Le programme provincial de surveillance à grande échelle (SGÉ) est la principale méthode d’évaluation utilisée pour recueillir des données sur les pêches en Ontario, y compris le touladi. Le programme de SGÉ fournit des renseignements sur l’abondance des poissons, la structure des populations, la croissance et la maturité des poissons ainsi que les efforts de pêche. Le programme de SGÉ peut signaler les tendances et l’état de la pêche à l’échelle de la ZGP. La communauté halieutique est également évaluée pour déterminer les changements dans la composition des espèces au cours du temps.

Stratégies :

  • adopter le programme de SGÉ à titre de principal mode de décompte de prises au filet (et recensement des efforts) pour évaluer l’état des populations de touladis (et sa base alimentaire pélagique) dans toute la ZGP 18
  • surveiller les populations de touladis à l’aide de protocoles standards de décompte de prises au filet (comme les relevés SGÉ et l’index des poissons des zones profondes pris au filet en été) pour traiter des problèmes de gestion particuliers qui surviennent dans des lacs non échantillonnés dans le cadre du programme de SGÉ
  • collaborer avec les partenaires et intervenants pour mettre sur pied un programme de surveillance des activités de frai du touladi et des besoins en matière de réhabilitation du frai (comme Lake Trout Watch)
  • fournir des possibilités de collaboration avec le public/des partenaires pour évaluer les pressions exercées sur les pêches et les taux de récolte en demandant au public de signaler leurs observations (comme avec des programmes bénévoles de journal du pêcheur)

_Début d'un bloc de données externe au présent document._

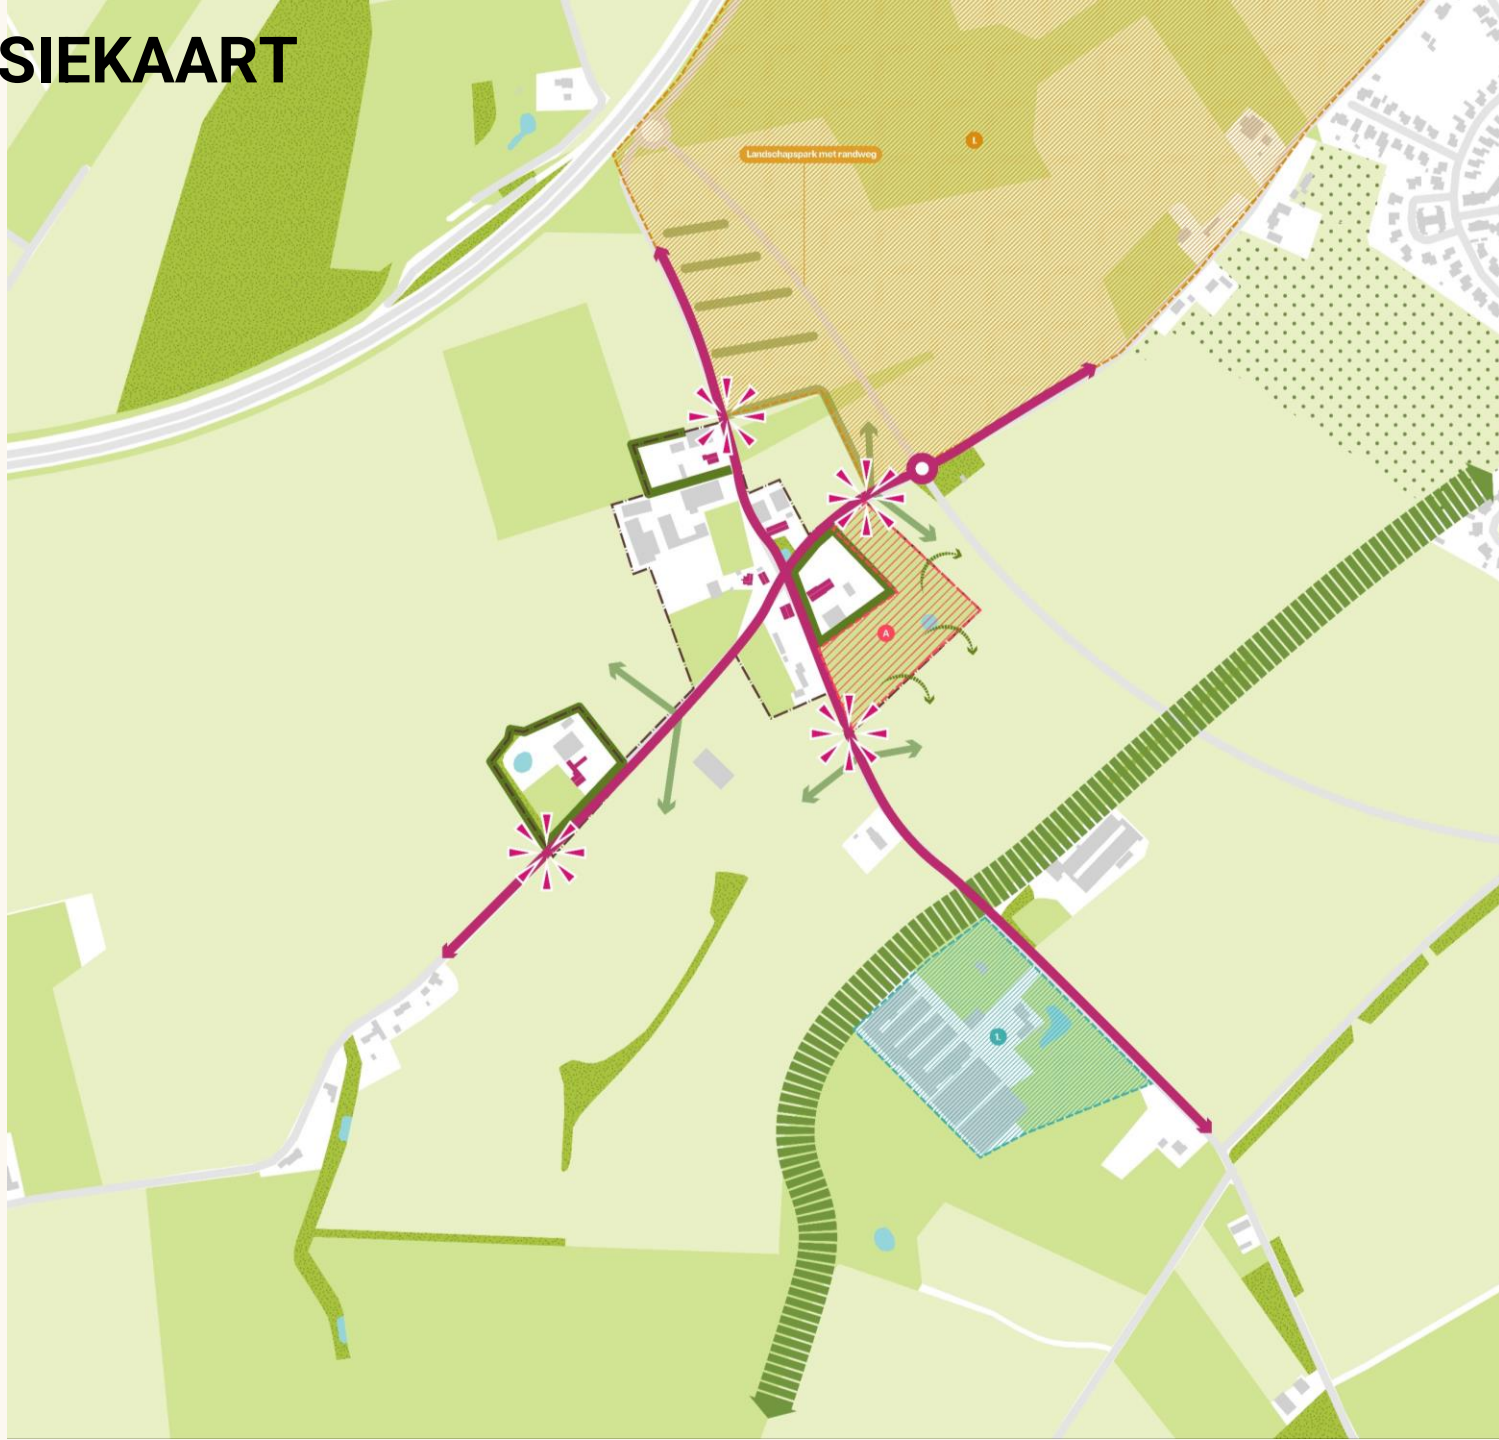

VISIEKAART

LEGENDA BOEIINK EN VINKENBROEK

-  BSD-grens
-  Lint (kansen inpassing van lintbebouwing binnen de entrees van buurtschappen)
-  Entree buurtschap
-  **Ontwikkelingslocaties:**
 - A. Vrachtwagenparkeerplaats
 - B. het Anker
-  **Onderzoekslocaties:**
 - 1. Wouwbaan
 - 2. Boeiinksestraat
-  Bushalte
-  Zichtlijn
-  Hagen
-  Bebouwing
-  Bomen
-  Boomgaard
-  Water
-  Akkers
-  Grasland

VISIEKAART

LEGENDA HAIINK

-  BSD-grens
-  Lint (kansen inpassing van lintbebauwing binnen de entrees van buurtschappen)
-  Entree buurtschap
-  Lopende ontwikkelingen:
I. Landschapspark met randweg
-  Ontwikkelingslocaties:
A. Huijbergseweg 45 (woning)
-  Onderzoekslocaties:
1. Haiinksestraat
-  Bushalte
-  Zichtlijn
-  Ecologische verbindingszone
-  Hagen
-  Bebouwing
-  Bomen
-  Boomgaard
-  Water
-  Akkers
-  Grasland

VISIEKAART

LEGENDA VROENHOUT

-  BSD-grens
-  Lint (kansen inpassing van lintbebouwing binnen de entrees van buurtschappen)
-  Entree buurtschap
-  Ontwikkelingslocaties:
A. Vroenhoutseweg (woningen)
-  Bushalte
-  Zichtlijn
-  Hagen
-  Bebouwing
-  Bomen
-  Boomgaard
-  Water
-  Akkers
-  Grasland

VISIEKAART

LEGENDA WOUWSE HIL

-  BSD-grens
-  Lint (kansen inpassing van lintbebouwing binnen de entrees van buurtschappen)
-  Entree buurtschap
-  Bushalte
-  Zichtlijn
-  Hagen
-  Bebouwing
-  Bomen
-  Boomgaard
-  Water
-  Akkers
-  Grasland
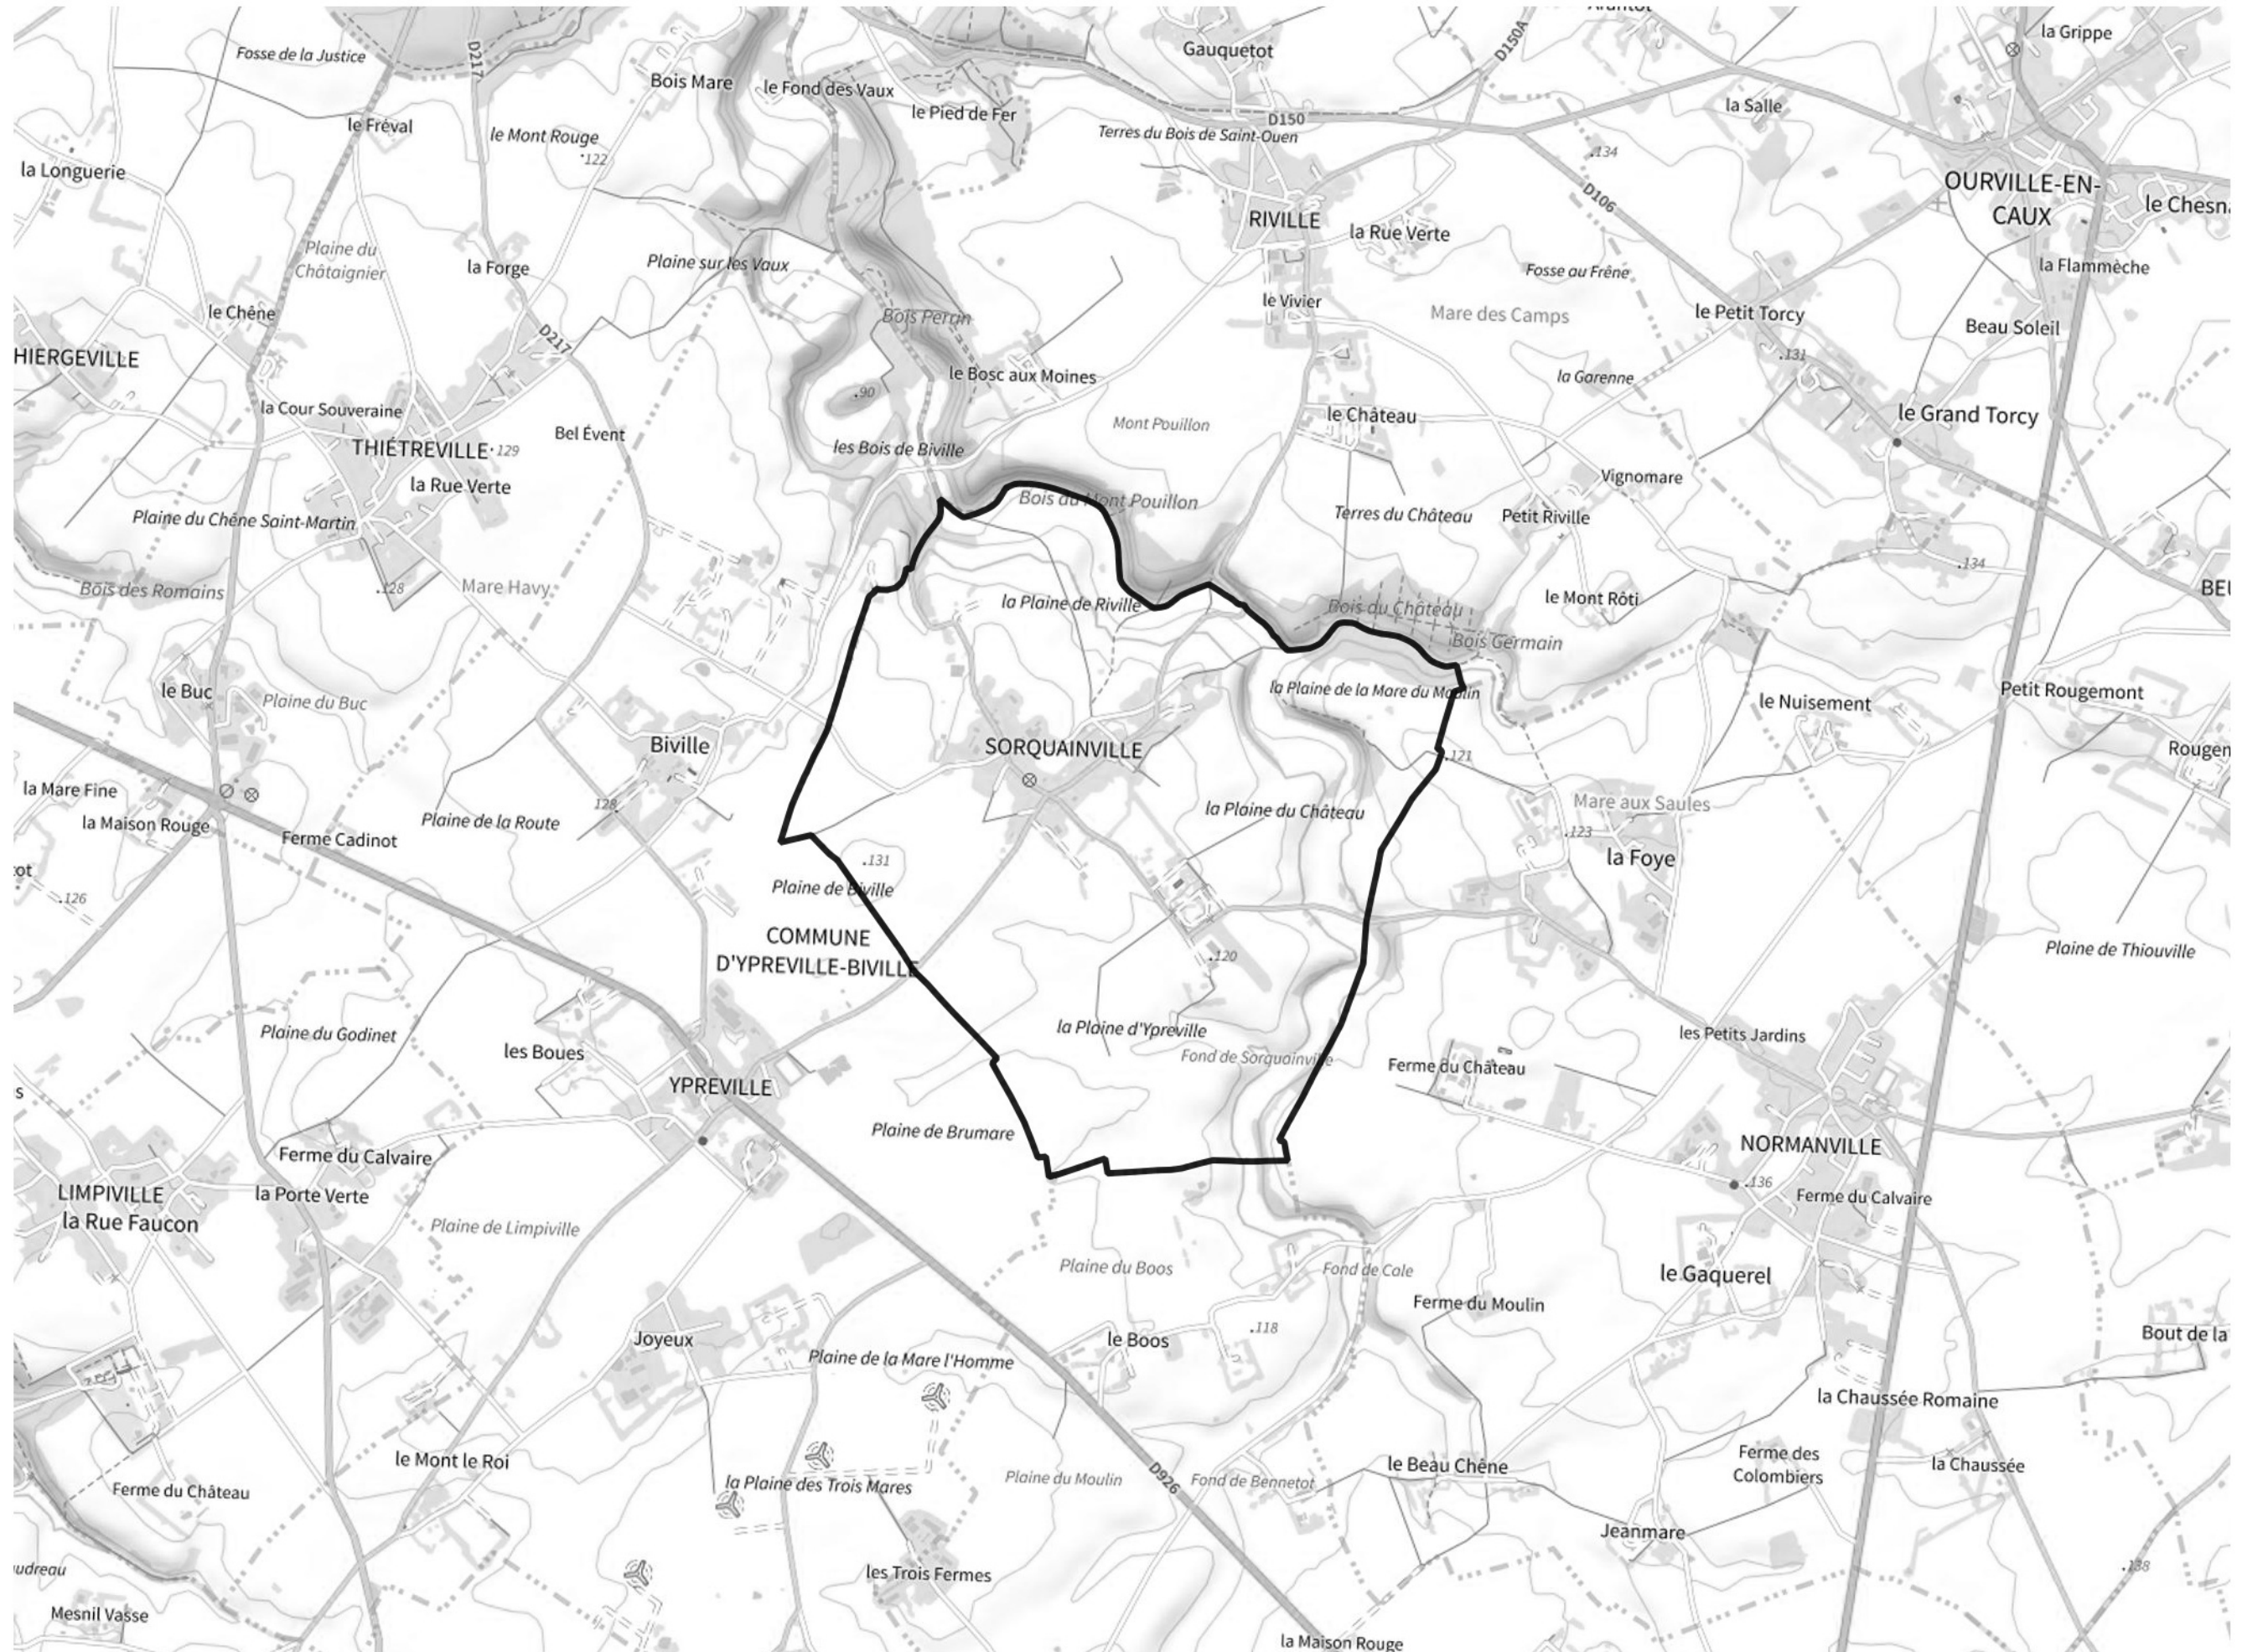

Inventaire régional des Zones Humides (ZH) et des Milieux Prédiposés à la Présence de Zones Humides (MPPZH) Sorquainville (76680)

- Zones humides**
- Inventaire terrain ou réglementaire
 - Autres (Photo-interprétation, non défini)
 - Zones humides dégradées
 - Milieux fortement prédisposés à la présence de zones humides
 - Milieux faiblement prédisposés à la présence de zones humides
 - Mares, étangs, lacs
 - Cours d'eau
 - Limite communale

Cette carte représente une mise à jour sur cette commune. Elle ne doit pas être utilisée pour les communes voisines.

[Il est fortement conseillé de se reporter à la notice avant l'interprétation de cette page](#)

0 250 500 m

Sources :
- IGN - Plan v2
- IGN - AdminExpress
- IGN - BD Topo
- DREAL Normandie

Production :
DREAL Normandie
le 24/07/2024
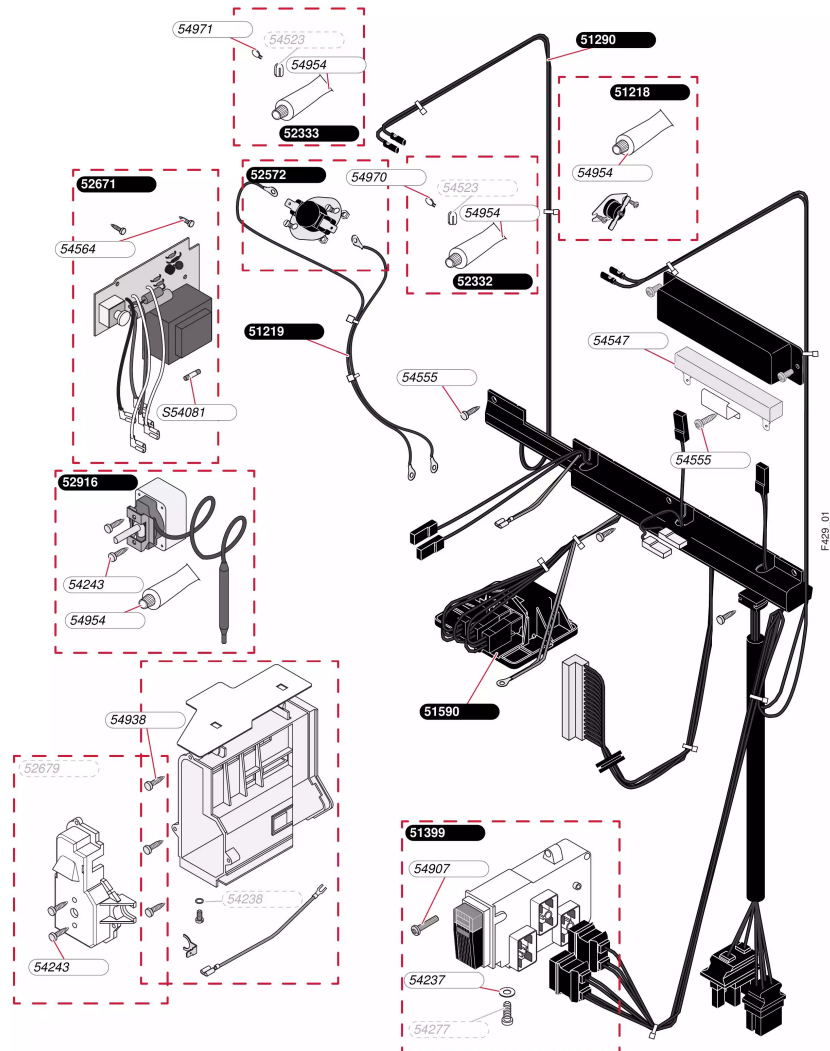

Atmosphérique mixte instantanée

Themis 223 V (entre 95 et 96)

- Electronique
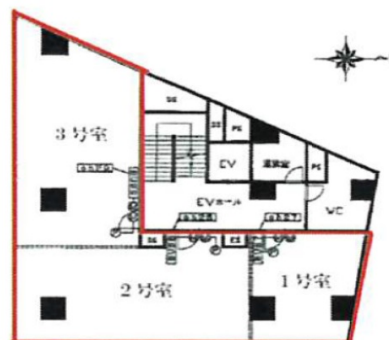

Mebius西天満 3階32坪

大阪府大阪市北区西天満3-1-27

物件MAP

賃貸条件	
月額賃料	320,000円 (税別)
坪数	32坪
坪単価	10,000円 (税別)
共益費	賃料に含む
礼金	無し
敷金 (保証金)	6ヶ月
階数	3階 (ワンフロア)
入居可能日	即日

ビル情報	
所在地	大阪府大阪市北区西天満3-1-27
最寄り駅	京阪本線 北浜駅 徒歩6分 大阪メトロ堺筋線 北浜駅 徒歩6分 大阪メトロ谷町線 南森町駅 徒歩7分 大阪メトロ堺筋線 南森町駅 徒歩7分 JR東西線 大阪天満宮駅 徒歩8分
エリア	東梅田・西天満エリア
竣工	1968年2月
耐震	旧耐震基準
階数	地上9階 地下1階
用途	事務所
構造	RC造

設備情報	
エレベーター	1基
空調	個別空調
OAフロア	タイルカーペット
基準階天井高	
光ファイバー	有り
トイレ	男女別・室外
セキュリティ	有り
駐車場	無し
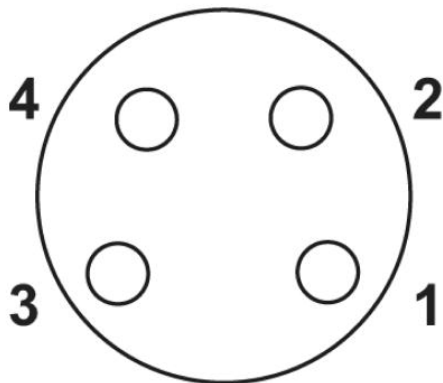

Schématický výkres

Obsazení pólů zásuvky M8, 4pólová,
pohled ze strany zdířky

Règlements actuels sur les pêches au touladi

Les règlements concernant le touladi dans la ZGP 18 se conforment aux lignes directrices de réglementation pour les pêches dans les lacs de poissons indigènes et les lacs empoissonnés dans le cadre du programme ECP, en ce qui a trait aux saisons et aux limites de prise. Une saison de pêche permise à l’année longue dans les lacs ECP, une saison de pêche allant du 4e samedi de mai au 8 septembre dans les lacs de touladis indigènes ainsi qu’une absence de restriction de taille pour les deux types de lacs sont présentement en vigueur. Une limite de prise et de possession de deux (2) touladis (qui sont compris dans la limite combinée de cinq (5) truites, y compris la truite moulac) s’applique aux détenteurs d’un permis de pêche sportive (limite de un (1) pour les détenteurs d’un permis de pêche écologique).